Stored data entries:
************

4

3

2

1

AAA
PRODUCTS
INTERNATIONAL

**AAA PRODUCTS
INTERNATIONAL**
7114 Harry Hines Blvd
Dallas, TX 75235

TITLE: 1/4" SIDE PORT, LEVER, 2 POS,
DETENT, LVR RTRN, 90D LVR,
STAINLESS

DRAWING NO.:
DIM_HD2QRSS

************

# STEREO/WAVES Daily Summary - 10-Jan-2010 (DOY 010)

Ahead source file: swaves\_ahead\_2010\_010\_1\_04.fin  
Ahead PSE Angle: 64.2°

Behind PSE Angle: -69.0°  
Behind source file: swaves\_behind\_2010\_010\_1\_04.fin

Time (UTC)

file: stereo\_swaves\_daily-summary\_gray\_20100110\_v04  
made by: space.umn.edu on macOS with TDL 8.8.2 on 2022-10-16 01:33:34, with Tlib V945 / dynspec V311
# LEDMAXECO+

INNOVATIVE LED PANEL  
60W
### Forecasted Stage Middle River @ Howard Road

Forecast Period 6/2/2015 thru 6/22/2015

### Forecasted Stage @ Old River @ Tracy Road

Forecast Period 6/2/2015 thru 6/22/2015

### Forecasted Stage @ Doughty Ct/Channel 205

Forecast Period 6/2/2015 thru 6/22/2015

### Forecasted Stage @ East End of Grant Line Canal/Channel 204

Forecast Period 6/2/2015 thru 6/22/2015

************

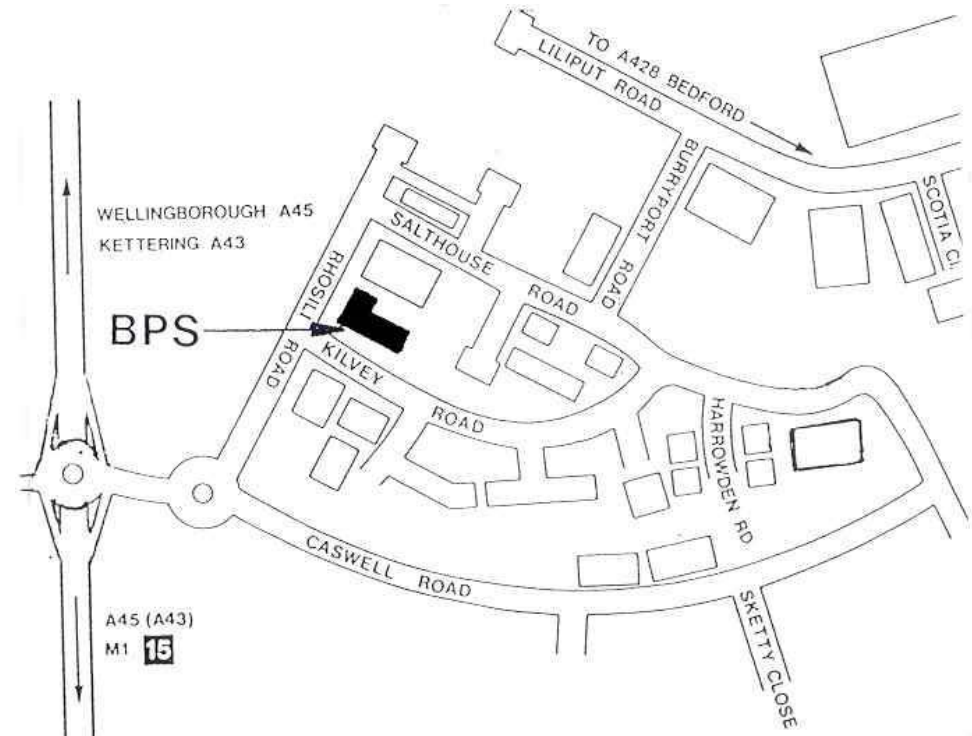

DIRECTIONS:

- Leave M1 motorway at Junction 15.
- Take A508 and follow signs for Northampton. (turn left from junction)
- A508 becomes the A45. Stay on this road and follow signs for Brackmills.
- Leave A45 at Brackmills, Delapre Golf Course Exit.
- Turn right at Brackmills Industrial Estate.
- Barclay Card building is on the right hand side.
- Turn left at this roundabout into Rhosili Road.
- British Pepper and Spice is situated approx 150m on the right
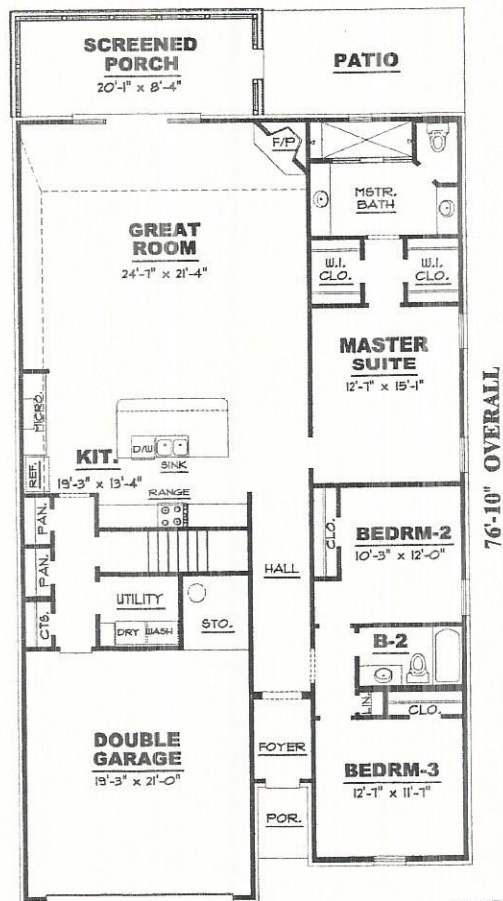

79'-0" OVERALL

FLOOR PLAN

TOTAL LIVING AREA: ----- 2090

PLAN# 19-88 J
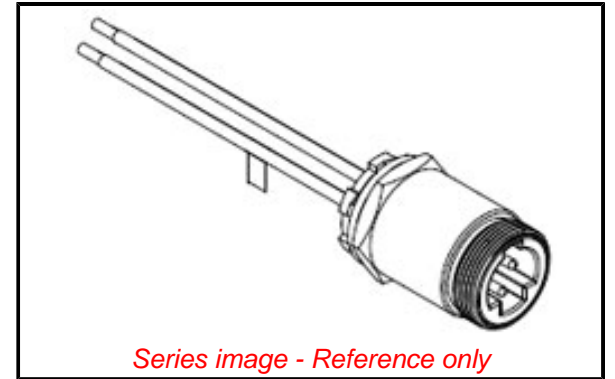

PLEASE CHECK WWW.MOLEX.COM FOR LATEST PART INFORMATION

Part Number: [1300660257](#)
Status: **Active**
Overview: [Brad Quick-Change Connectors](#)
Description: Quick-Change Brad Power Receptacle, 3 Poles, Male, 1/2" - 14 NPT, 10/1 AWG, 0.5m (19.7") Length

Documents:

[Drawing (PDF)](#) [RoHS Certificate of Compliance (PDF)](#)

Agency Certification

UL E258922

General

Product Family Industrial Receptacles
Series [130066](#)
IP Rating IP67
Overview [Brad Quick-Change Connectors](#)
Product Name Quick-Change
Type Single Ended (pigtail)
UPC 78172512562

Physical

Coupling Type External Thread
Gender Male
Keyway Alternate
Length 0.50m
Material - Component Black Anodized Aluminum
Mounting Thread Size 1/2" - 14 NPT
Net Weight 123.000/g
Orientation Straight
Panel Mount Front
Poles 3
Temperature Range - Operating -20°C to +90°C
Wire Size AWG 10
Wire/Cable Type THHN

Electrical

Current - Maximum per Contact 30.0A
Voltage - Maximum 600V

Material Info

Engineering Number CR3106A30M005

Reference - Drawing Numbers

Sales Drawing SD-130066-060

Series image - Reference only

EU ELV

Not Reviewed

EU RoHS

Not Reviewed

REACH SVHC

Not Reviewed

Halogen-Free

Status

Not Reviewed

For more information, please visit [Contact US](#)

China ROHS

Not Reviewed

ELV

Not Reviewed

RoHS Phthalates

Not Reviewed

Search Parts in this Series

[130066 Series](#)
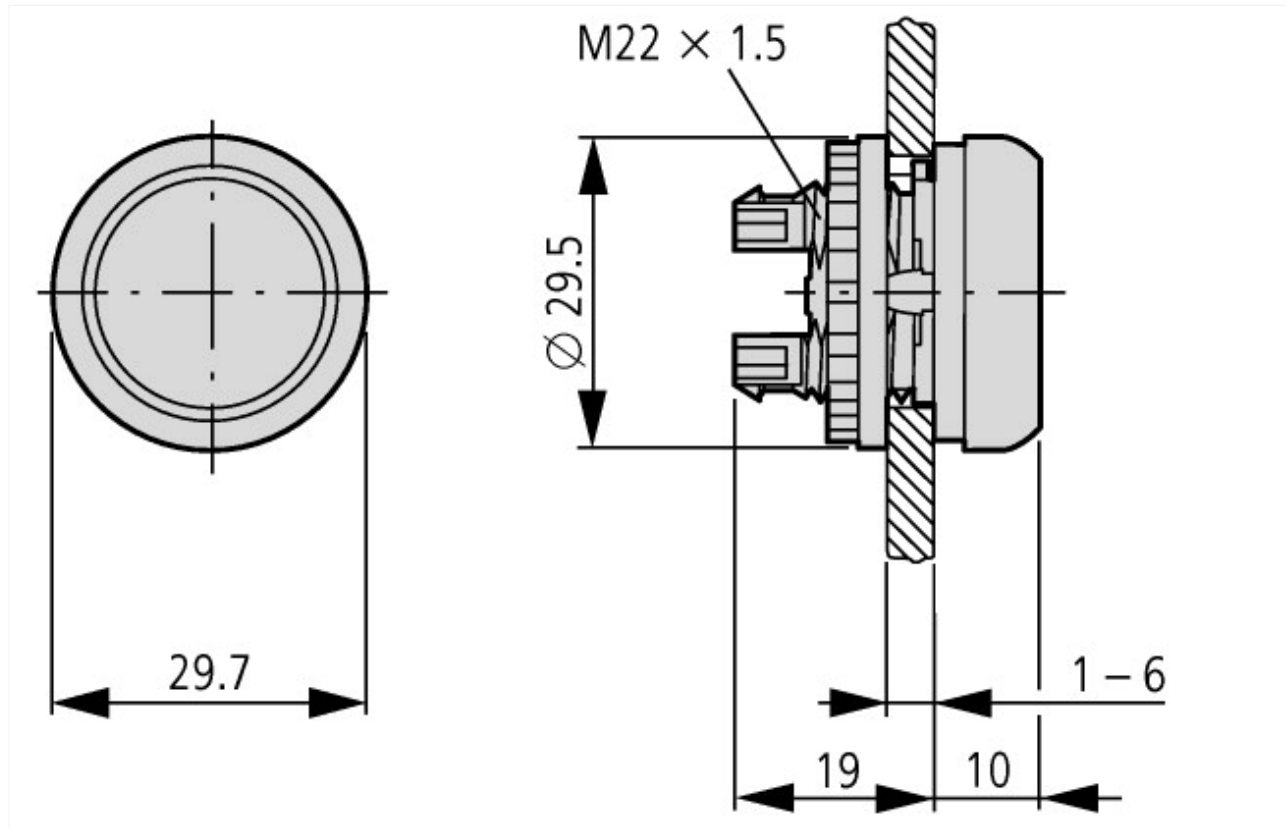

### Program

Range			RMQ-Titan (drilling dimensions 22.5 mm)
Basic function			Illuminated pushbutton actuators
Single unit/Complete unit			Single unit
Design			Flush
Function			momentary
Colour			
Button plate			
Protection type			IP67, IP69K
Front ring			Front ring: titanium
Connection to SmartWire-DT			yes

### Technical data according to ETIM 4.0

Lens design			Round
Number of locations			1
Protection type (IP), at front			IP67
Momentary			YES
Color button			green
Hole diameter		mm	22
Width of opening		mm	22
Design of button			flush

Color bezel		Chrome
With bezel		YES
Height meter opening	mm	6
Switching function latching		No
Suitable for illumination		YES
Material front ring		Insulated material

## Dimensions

************

# [YOUR INSTRUCTIONS]
Throughout the data above, copy all lines where the word "Channel" is found.

# [ANSWER FOR THE TASK]
### Forecasted Stage @ Doughty Ct/Channel 205
### Forecasted Stage @ East End of Grant Line Canal/Channel 204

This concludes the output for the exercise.